Brain metabolism perturbation can contribute to traits and diseases. We conducted a genome-wide association study for cerebrospinal fluid (CSF) and brain metabolite levels, identifying 205 independent associations (47.3% new signals, containing 11 new loci) for 139 CSF metabolites, and 32 independent associations (43.8% new signals, containing 4 new loci) for 31 brain metabolites. Of these, 96.9% (CSF) and 71.4% (brain) of the new signals belonged to previously analyzed metabolites in blood or urine. We integrated the metabolite quantitative trait loci (MQTLs) with 23 neurological, psychiatric and common human traits and diseases through colocalization to identify metabolites and biological processes implicated in these phenotypes. Combining CSF and brain, we identified 71 metabolite–trait associations, such as glycerophosphocholines with Alzheimer’s disease, O-sulfo-l-tyrosine with Parkinson’s disease, glycine, xanthine with waist-to-hip ratio and ergothioneine with inflammatory bowel disease. Our study expanded the knowledge of MQTLs in the central nervous system, providing insights into human traits.

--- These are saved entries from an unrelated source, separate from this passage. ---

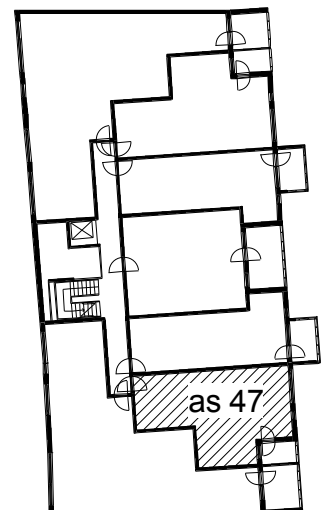

**Kohteen tiedot:**

Yhtiö: KOy Hämeentie 17a  
Katuosoite: Hämeentie 17a  
Postitoimipaikka: 00500 Helsinki

Huoneiston tunnus: as 47  
Huoneistotyyppi: 2 h + kk + s + lasitettu parveke  
Huoneiston pinta-ala: 50.5 m<sup>2</sup>  
Kerrossijainti: 7.krs/10.krs

**Pohjapiirros**

1:100

Hämeentie

as 47 Sijainti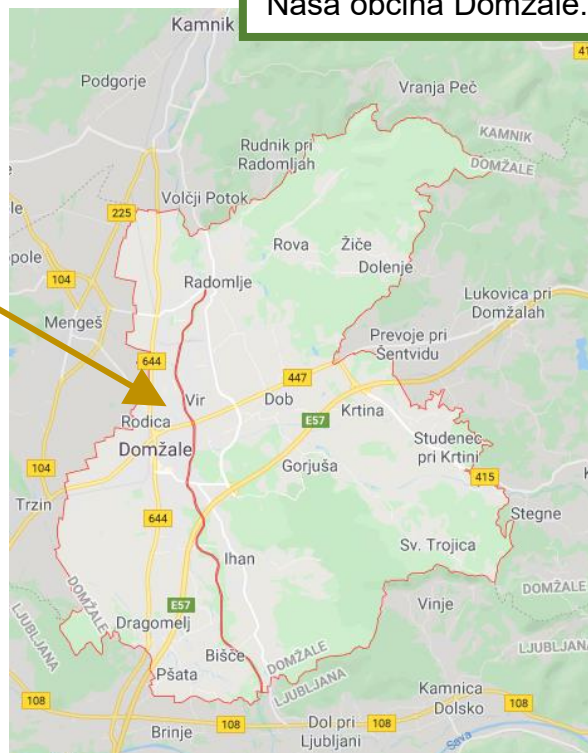

DRUŽBA

Najprej si pogledjmo odgovore s prejšnje ure.

1. Kdo so krajanji? *To so ljudje, ki živijo v istem kraju.*
2. Kako so krajanji med sabo povezani? *Med seboj so povezani v krajevnih skupnostih, mestnih četrtih in občinah.*
3. Naštej nekaj javnih površin. *Ceste, avtobusna postaja, parki, igrišča, parkirišča ...*
4. Za kaj skrbi komunalna služba? *Skrbi za odvoz smeti, urejenost parkov, kanalizacijo, javno razsvetljavo ...*
5. Kaj je po tvojem mnenju v Domžalah dobro urejeno? *Vaša mnenja so različna.*
6. Kaj bi bilo potrebno še urediti? *Vaša mnenja so različna.*

Danes bomo spoznavali **DOMAČO POKRAJINO**.

Na zemljevidu **Slovenije** je prikazana naša občina.

Naša občina Domžale.

DOMAČA POKRAJINA

je območje, kjer živimo, kjer živijo naši sorodniki, prijatelji in drugi krajanji - tu poteka naše vsakdanje življenje.

V domačo pokrajino sodijo različna naselja, polja, travniki, gozdovi, reke, potoki, vzpetine, ceste, železnice ...

LETALSKE FOTOGRAFIJE DOMAČE POKRAJINE

Domačo pokrajino sestavlja ena ali več OBČIN. Tu se urejajo pomembne stvari: skrb za ceste, vodovod, vrtce, šole, odvoz in odlaganje odpadkov ...

Občina Domžale meji z občinami:

*Trzin,
Mengeš,
Kamnik,
Lukovica,
Moravče,
Dol pri Ljubljani in
Ljubljana.*

Napis, ki označuje mejo občine.

Vsaka občina ima **občinsko središče**. V njem je **občinski urad**, ki ga vodi **župan**.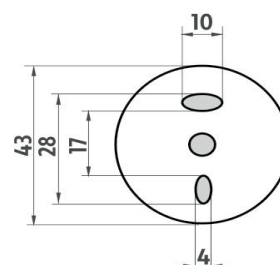

materiál - úprava (barva) / material - surface finish (colour) :

pochromovaná mosaz-chrom

chrome plated brass-chrome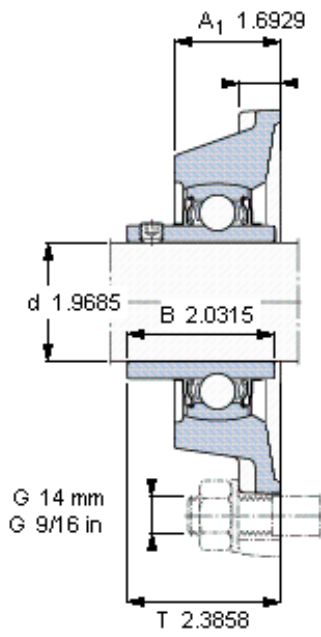

SKF FY 50 TF/VA201参数

主要尺寸	d	50	mm	-
	A ₁	43	mm	-
	J	111	mm	-
	L	143	mm	-
	T	60.6	mm	-
基本额定载荷	C ₀	23200	N	静载荷
重量	重量	2500	g	-
型号	轴承单元	FY 50 TF/VA201	-	-
	轴承座	FY 510 U/VA228	-	-
	轴承	YAR 210-2FW/VA201	-	-

SKF FY 50 TF/VA201图片

参考资料: <http://www.sozhou.com/p/0cc98e58.html>

M 10×
16,5
5

M 10×
 16,5
 5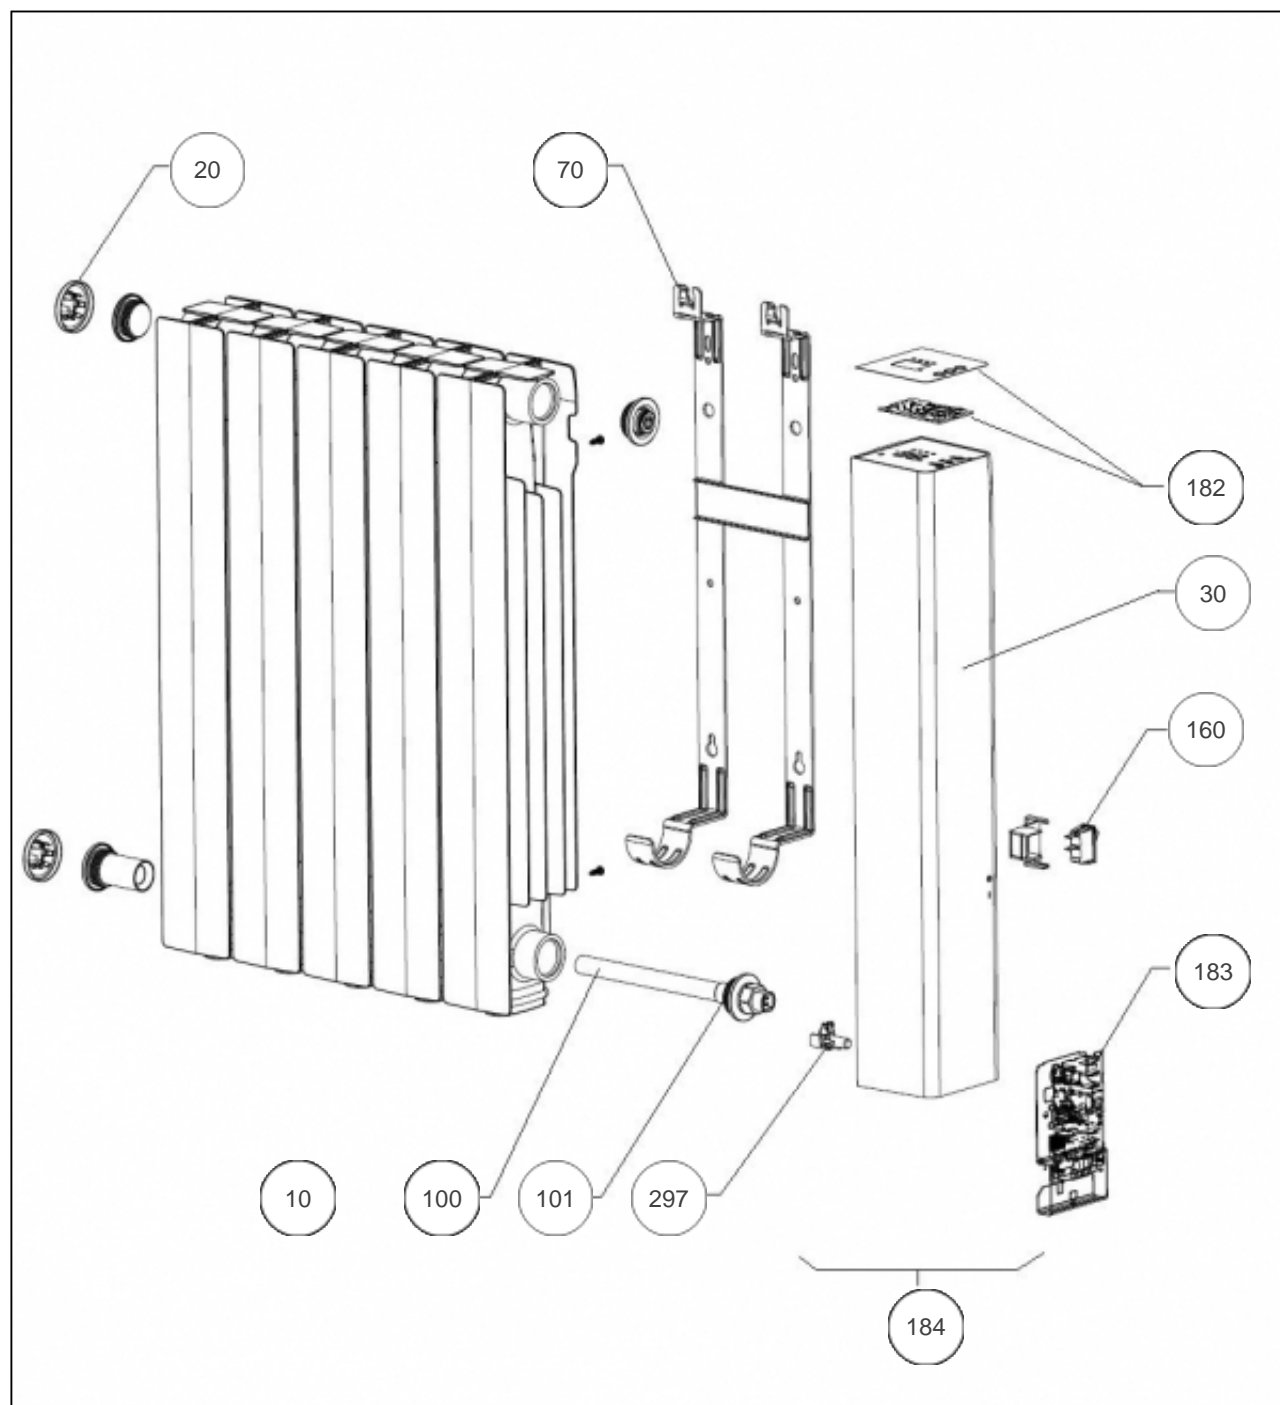

Atlantic Radiateurs & Eau Chaude Sanitaire

Produits

Référence	Nom	Lettre
524707	ACCESSIO DIGIT H 0750W BLC	C

Paramètres

Référence	Puissance(W)	Lettre
524707	750	C

Références

Repère	Libellé	C
10	KIT FILERIE FLEG3 300 A 1250W	082177
20	CACHE ESTHETIQUE BOUCHON (X1)	091392
30	JOUE DROITE SEULE ATL + LEXAN	091394
70	SUPPORT MURAL 750/1000W	098359
100	RESISTANCE 750W + JOINT	086449
101	JOINT RAQUETTE	084055
160	INTERRUPTEUR UNIPOLAIRE	082175
182	CARTE IHM DE COMMANDE	087297
183	CARTE DE PUISSANCE 12-60-0804	087295
184	JOUE COMPLETE ATL 300 A 1250W	087303
297	SONDE THERMOSTAT	082176

大脑新陈代谢紊乱会导致性状和疾病。我们对脑脊液 （CSF） 和脑代谢物水平进行了全基因组关联研究，确定了 139 种脑脊液代谢物的 205 个独立关联 （47.3% 新信号，包含 11 个新基因座），以及 31 种脑代谢物的 32 个独立关联 （43.8% 新信号，包含 4 个新基因座）。其中，96.9% （CSF） 和 71.4% （大脑） 的新信号属于先前分析的血液或尿液中的代谢物。我们通过共定位将代谢物数量性状位点 （MQTLs） 与 23 种神经、精神病学和常见人类性状和疾病整合在一起，以鉴定与这些表型相关的代谢物和生物过程。结合脑脊液和大脑，我们确定了 71 个代谢物-性状关联，例如甘油磷酸胆碱与阿尔茨海默病、O-sulfo-l-酪氨酸与帕金森病、甘氨酸、黄嘌呤与腰臀比和麦角硫因与炎症性肠病。我们的研究扩展了中枢神经系统中 MQTL 的知识，提供了对人类特征的见解。